### Instructions for the task
Take the data below and copy exactly the lines starting at the one with "Description" and finishing at the one with "12- pince bloquante pour le porte.", both included.

==== Source records

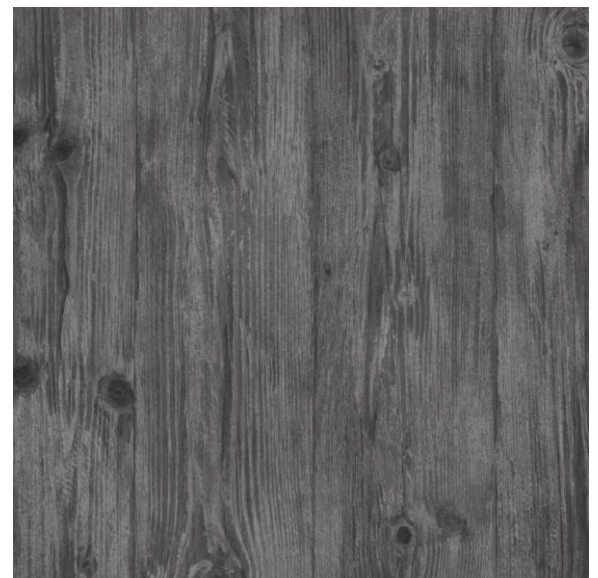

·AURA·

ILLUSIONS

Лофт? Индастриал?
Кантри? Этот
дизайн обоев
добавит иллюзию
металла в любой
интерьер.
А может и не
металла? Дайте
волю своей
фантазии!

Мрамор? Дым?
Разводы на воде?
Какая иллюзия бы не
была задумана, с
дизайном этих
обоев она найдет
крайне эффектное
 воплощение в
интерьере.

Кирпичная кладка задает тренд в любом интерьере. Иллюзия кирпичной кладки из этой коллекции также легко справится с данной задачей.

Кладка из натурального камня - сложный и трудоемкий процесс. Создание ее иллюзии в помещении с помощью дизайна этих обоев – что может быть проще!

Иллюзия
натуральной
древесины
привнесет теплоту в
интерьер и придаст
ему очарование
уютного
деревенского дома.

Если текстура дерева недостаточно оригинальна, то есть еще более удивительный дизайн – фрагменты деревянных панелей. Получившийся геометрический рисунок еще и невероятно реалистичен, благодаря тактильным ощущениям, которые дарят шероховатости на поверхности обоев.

========
==== Source records

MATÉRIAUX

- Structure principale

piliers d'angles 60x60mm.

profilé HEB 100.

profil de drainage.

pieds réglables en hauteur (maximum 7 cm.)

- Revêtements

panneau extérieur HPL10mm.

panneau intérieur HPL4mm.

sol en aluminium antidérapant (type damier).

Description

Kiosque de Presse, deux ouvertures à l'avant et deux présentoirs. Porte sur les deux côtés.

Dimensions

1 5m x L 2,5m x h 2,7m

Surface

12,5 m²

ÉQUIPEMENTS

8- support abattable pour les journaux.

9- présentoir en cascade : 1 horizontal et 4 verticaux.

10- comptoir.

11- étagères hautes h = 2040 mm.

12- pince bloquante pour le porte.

========

### Solution for this task
Description

Kiosque de Presse, deux ouvertures à l'avant et deux présentoirs. Porte sur les deux côtés.

Dimensions

1 5m x L 2,5m x h 2,7m

Surface

12,5 m²

ÉQUIPEMENTS

8- support abattable pour les journaux.

9- présentoir en cascade : 1 horizontal et 4 verticaux.

10- comptoir.

11- étagères hautes h = 2040 mm.

12- pince bloquante pour le porte.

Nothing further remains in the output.